Your task:
All lines from the entries below that contain the string "Caalex" should be copied out.

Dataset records
<<<<

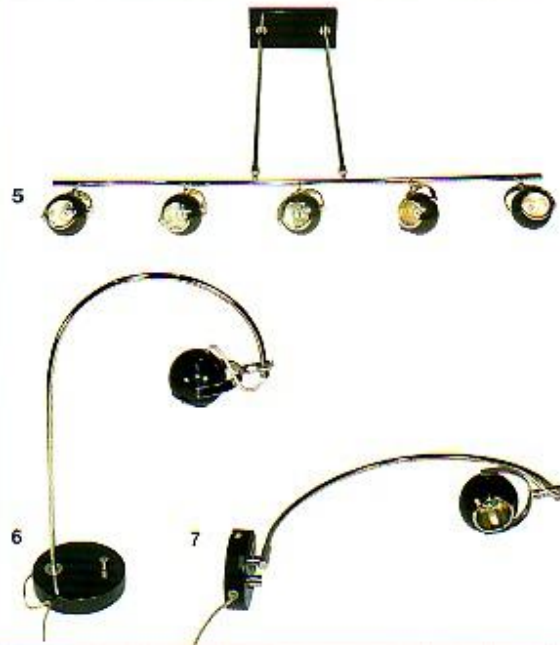

PARIS

1. 1 EAN nr. 8712879121084
   Artikelnr. 944554
   Wandspot 1 licht hoogglans zwart
   Incl. 1 Caalex lamp G9-40Watt
2. 2 EAN nr. 8712879121107
   Artikelnr. 944558
   Balkspot 2 lichts hoogglans zwart
   Incl. 2 Caalex lampen G9-40Watt
3. 3 EAN nr. 8712879121114
   Artikelnr. 944560
   Balkspot 3 lichts hoogglans zwart
   Incl. 3 Caalex lampen G9-40Watt
4. 4 EAN nr. 8712879121121
   Artikelnr. 944562
   Hanglamp 3 lichts hoogglans zwart
   Incl. 3 Caalex lampen G9-40Watt

1. 5 EAN nr. 8712879121138
   Artikelnr. 944372
   Balkspot 5 lichts hoogglans zwart
   Incl. 5 Caalex lamp G9-40Watt

1. 6 EAN nr. 8712879121077
   Artikelnr. 944552
   Bureaulamp 1 licht hoogglans zwart
   Incl. 1 Caalex lampen G9-40Watt

1. 7 EAN nr. 8712879121091
   Artikelnr. 944556
   Wandlamp booglamp hoogglans zwart
   Incl. 1 Caalex lampen G9-40Watt

>>>>

Solution to this exercise:
   Incl. 1 Caalex lamp G9-40Watt
   Incl. 2 Caalex lampen G9-40Watt
   Incl. 3 Caalex lampen G9-40Watt
   Incl. 3 Caalex lampen G9-40Watt
   Incl. 5 Caalex lamp G9-40Watt
   Incl. 1 Caalex lampen G9-40Watt
   Incl. 1 Caalex lampen G9-40Watt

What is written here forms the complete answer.